# maple



## drasbell (Feb 6, 2009)

Last spring we fell a maple tree, This thing was huge like 75-85 feet tall and 3-3 1/2 feet round and I couldnt see it just go to firewood so the trunk and the bigger branches were saved. And just got it sawed by a local sawyer his price was rather high 75.00 hr and 15.00 for each nail, but I ended up with close to 4000 bf of 5/4 cut wood. It wasn't the hard wood species of maple it was a silver maple so the wood will be somewhat soft. I think maybe that it might be kinda comparable to pine or popular? But I'm sure that I will think of many projects to make out of this in the near future.


----------



## Bob N (Oct 12, 2004)

Hi Rick,

Sounds like you have a nice stash with some wonderful plans ahead. Don't forget the pictures when you make those projects


----------



## BigJimAK (Mar 13, 2009)

Geeze, Rick...

I'm no wood expert but here's what the USDA had tosay about it: http://plants.usda.gov/plantguide/doc/pg_acsa2.doc (attached). They describe it as:

"fairly hard, even textured, rather brittle, easily worked and is used for furniture, cabinetry, paneling, flooring, woodturning,
veneer, musical instruments, boxes and crates, tool
handles, wagons, carts, and rails. Old heartwood
develops a swirled pattern that is sold as “bird’s eye
maple.” Silver maple on good sites can be managed
for timber – it is often cut and sold with red maple as
“soft maple” lumber."

Based upon that, it sounds like you scored. Bird's eye maple is very expensive and with "mature trees" at 80-110ft tall, it sounds like you got one.

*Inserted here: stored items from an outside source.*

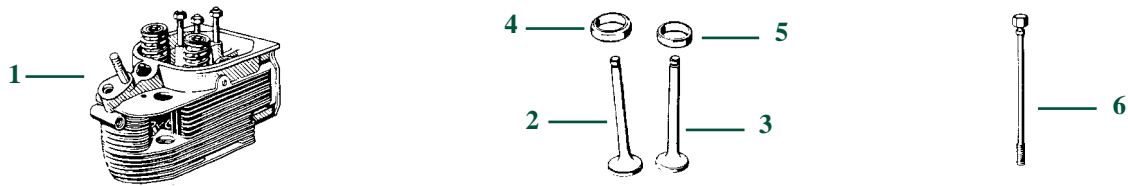

CULATINES Y PIEZAS ANEXAS
VALVES & CYLINDER HEAD PARTS

Figuras	1	2	3	4	5	6
Motor Engine	Culatin armado <i>Complete cylinder head</i>	Válvula adms. <i>Inlet valve</i>	Valvula escape <i>Exhaust valve</i>	Asiento válvula adms. <i>Valve insert inlet</i>	Asiento válvula escp. <i>Valve insert exhaust</i>	Tornillo de culata <i>Cyl. head bolt</i>
FL912 FL913	21/40-39 (02929005) Reconstruido / <i>Rebuild</i> 21/40-40 (04230613) Nuevo / <i>New</i> 21/40-41 (02239758, 04152627) Nuevo y reforzado <i>New (Heavy duty)</i>	21/42-37 (02133731, 02137301, 04153631)	21/43-37 (03371762, 02137300, 04153697)	21/47-8 (02101676, 02137302)	21/48-1 (03371760, 02137306)	21/6302-40 (02101681)
BFL913	21/40-41 (02239758, 04152627)					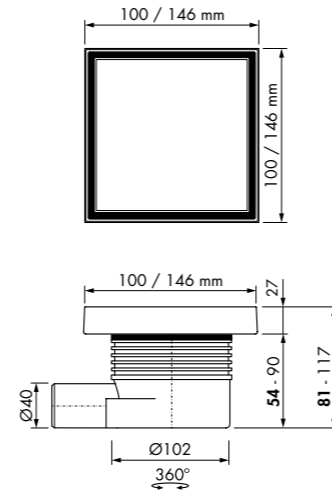

Easy Drain®

Aqua Quattro Tegel

ABS afwerkdeel met betegelbaar rvs rooster

Aqua Quattro Tegel MSI6

Variabel waterslot 50 tot 25 mm Ø40 mm

Formaat	Artikelnummer
100 x 100 mm	Aqua-10x10-MSI6-T
150 x 150 mm	Aqua-15x15-MSI6-T

Inbouwdiepte
81 - 117 mm

Waterslot
50 mm

MSI6

Inclusief cementkap
met afschot

Tegelroosterdiepte 12 mm
De afgebeelde tegel wordt niet meegeleverd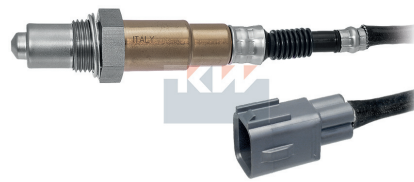

TS	N°	L		F	S	B	SH		
PS44026_A	4	350	W G		W B	-	-	A	SWP

LEXUS		
ES 3.5	2GR-FE	05/06 → 06/12
ES 350	2GR-FE	06/12 → 06/18

TOYOTA		
AURION 3.5	2GR-FE	03/06 →
CAMRY 3.5	2GR-FE	01/06 →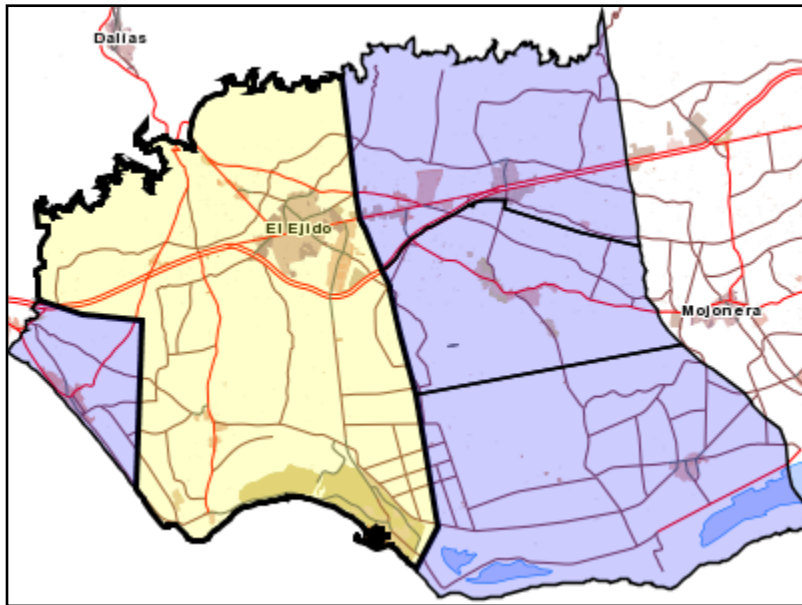

Área de influencia escolar El Ejido

El Ejido_S_02
El Ejido_Sec (Secundaria)

- (1) 04002295 - C.D.P. Divina Infantita
- (2) 04002313 - I.E.S. Santo Domingo
- (3) 04004826 - I.E.S. Murgi
- (4) 04006689 - I.E.S. Luz del Mar
- (5) 04700272 - I.E.S. Fuente Nueva
- (6) 04700481 - I.E.S. Pablo Ruiz Picasso

Leyenda

-  Centros públicos
-  Centros concertados

Escala 1:31506

Área de influencia escolar El Ejido

El Ejido_S_02
El Ejido_Sec (Secundaria)

- (1) 04002295 - C.D.P. Divina Infanta
- (2) 04002313 - I.E.S. Santo Domingo
- (3) 04004826 - I.E.S. Murgi
- (4) 04006689 - I.E.S. Luz del Mar
- (5) 04700272 - I.E.S. Fuente Nueva
- (6) 04700481 - I.E.S. Pablo Ruiz Picasso

Leyenda

- Centros públicos
- Centros concertados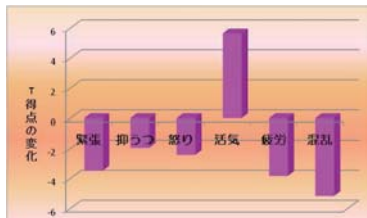

#### 泉質データ等

泉質	pH値(源泉)	源泉温度	湧出量	知覚的試験
ナトリウム炭酸水素塩泉	8.4 弱アルカリ性	48.2℃	140L/分	無色透明 茶褐色浮遊物 無臭・無味

#### ①保水力は同じpHのアルカリ水の約3倍!

龍神温泉と同じpHの湯と比較検証(入浴10分後の皮膚の状態) n=6(12例)

入浴後において、肌はみずみずしく保ち(図1より)、皮膚のバリア機能を保持(図2より)していることがわかります。

#### ②主観評価では、疲れが軽減し活気が増大!肌質の改善と睡眠への効果も!

龍神温泉「元湯」に2週間連続入浴し、気分の状態を主観的に評価 n=18

龍神温泉に毎日入浴することで、疲れや緊張等が軽減し、活気が向上しました。また、肌質の改善や睡眠に良い影響を及ぼしました。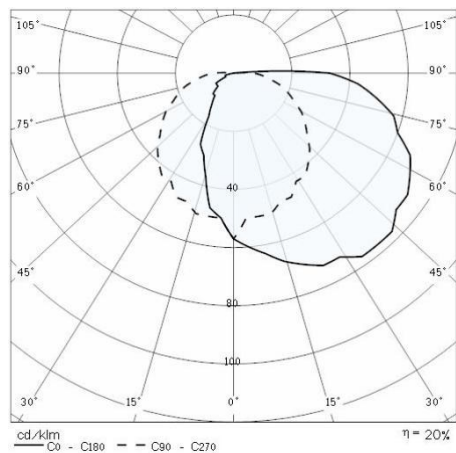

Fotometriska data

To maintain the regular updating of our products, PERFORMANCE iN LIGHTING reserves the right to make changes without prior notice. For the most up to date information we always recommend you read the latest version published on the website www.performanceinlighting.com. Delivered luminaire lumen outputs and power consumptions, including losses, are subject to a tolerance of +/- 7%, and unless otherwise stated the values apply to an ambient temperature of 25°C. Terms of warranty are available at <https://www.performanceinlighting.com/qr/company/led-warranty>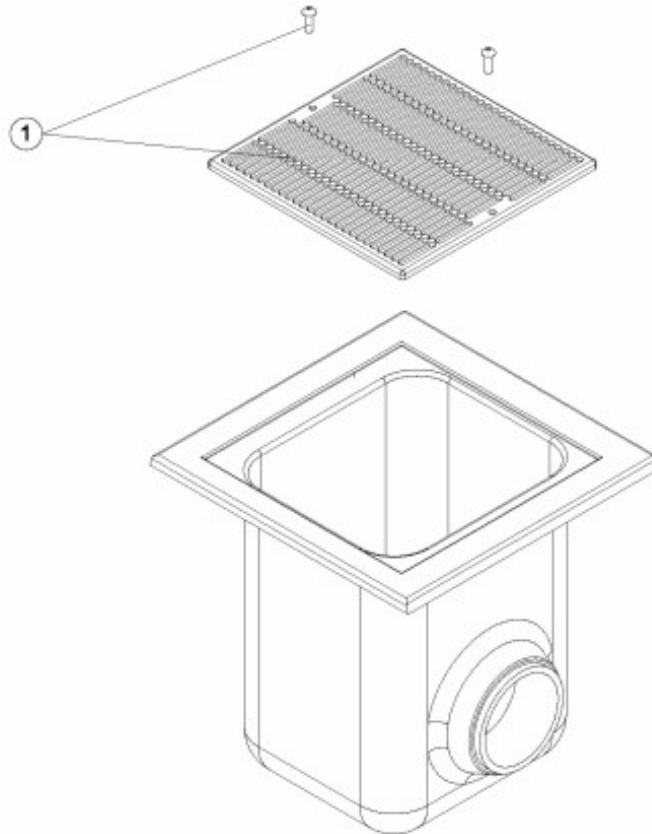

CODIGO **20285, 20286, 20287, 20288, 20289, 28709, 28710, 28711, 28712, 28713**

DESCRIPCION: **SUMIDERO PH REJA GRANDE**

ESPAÑOL

POS	CODIGO	DESCRIPCION	POS	CODIGO	DESCRIPCION
1	* 4402021901	REJA PLASTICO 410X410	1	* 4402021602	REJILLA INOXIDABLE 412X412

CODIGO **20285, 20286, 20287, 20288, 20289, 28709, 28710, 28711, 28712, 28713****DESCRIPCION:** **SUMIDERO PH REJA GRANDE****OBSERVACIONES**

POSICIÓN	PIEZA	OBSERVACIÓN
1	4402021901	PARA 28709, 28710, 28711, 28712, 28713
1	4402021602	PARA 20285, 20286, 20287, 20288, 20289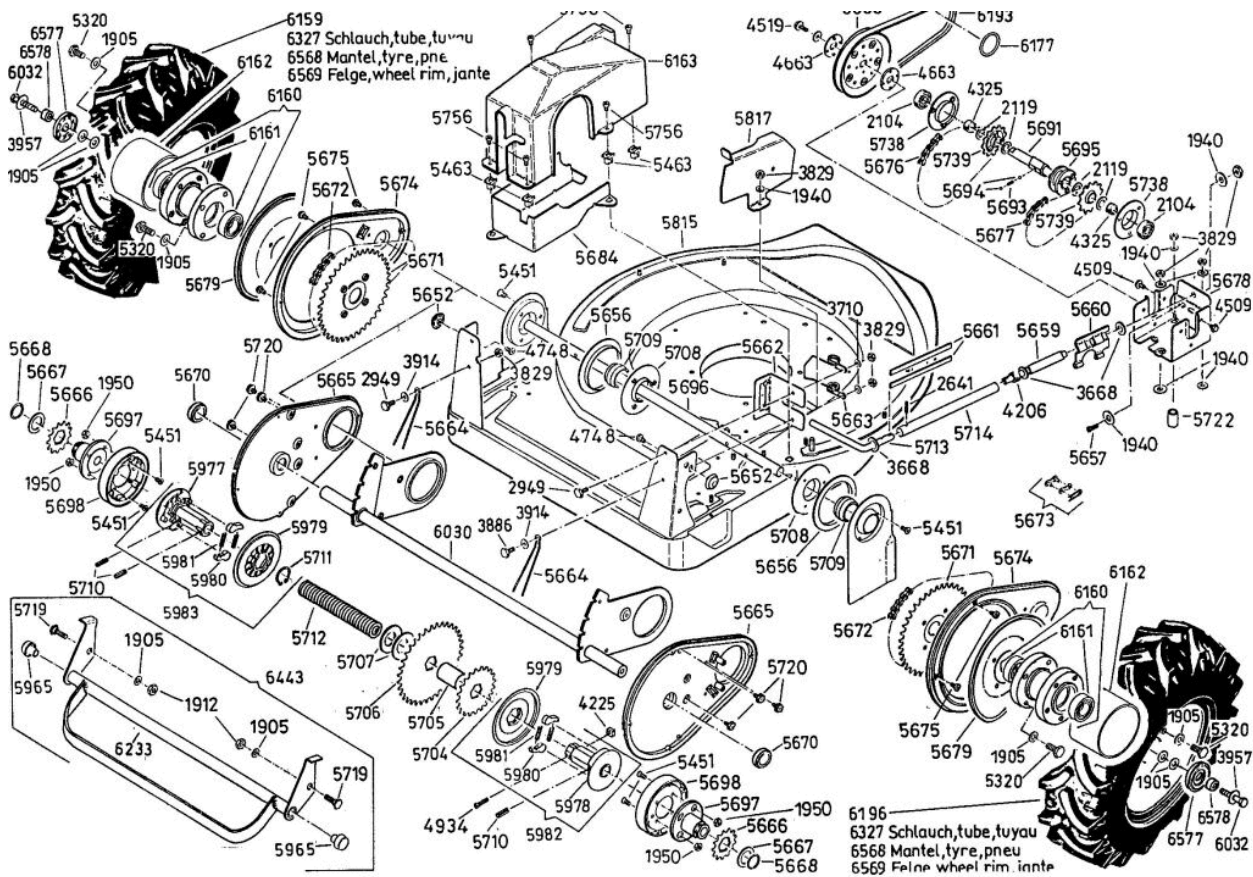

Enduro Bezeichnung: AS 28/3 Enduro Modell: AS 28/3Â Â Jahr: 2002

Enduro Bezeichnung: AS 28/3 Enduro Modell: AS 28/3Â Â Jahr: 2002

6339 Antriebsblock
driving unit
moteur complet

Enduro Bezeichnung: AS 28/3 Enduro Modell: AS 28/3Â Â Jahr: 2002

Enduro Bezeichnung: AS 28/3 Enduro Modell: AS 28/3Â Â Jahr: 2002

Enduro Bezeichnung: AS 28/3 Enduro Modell: AS 28/3Â Â Jahr: 2002

Enduro Bezeichnung: AS 28/3 Enduro Modell: AS 28/3Â Â Jahr: 2002

Enduro Bezeichnung: AS 28/3 Enduro Modell: AS 28/3Â Â Jahr: 2002

Enduro Bezeichnung: AS 28/3 Enduro Modell: AS 28/3Â Â Jahr: 2002

Enduro Bezeichnung: AS 28/3 Enduro Modell: AS 28/3Â Â Jahr: 2002

5506

Schwenkrad vollst.

Here in Alaska, 4/4 soft maple (clear, kiln dried) starts at $3.62/bf (6"-8" wide x 14' long, S2S). Bird's eye" starts well into the 'teens. It sounds like you've got a great long-term supply of wood!


----------



## drasbell (Feb 6, 2009)

I have some photos of the wood that I got
The last photo is some saved for turnings.


----------



## Bonehead V.2 (Aug 23, 2009)

drasbell said:


> I have some photos of the wood that I got
> The last photo is some saved for turnings.




Very nice supply of Maple there.



I think I see Jesus in the wood in pic #3.


----------



## anotherBob (Oct 28, 2009)

Wow! You sure are in for some fun... nice stash you'll have.


----------



## dustmaker (May 18, 2009)

drasbell said:


> I have some photos of the wood that I got
> The last photo is some saved for turnings.


You are making me drool. I am very envious, but also very happy for you. That is a nice hoard! I will be looking forward to the many posts you will make to share the projects that come out of all that!


----------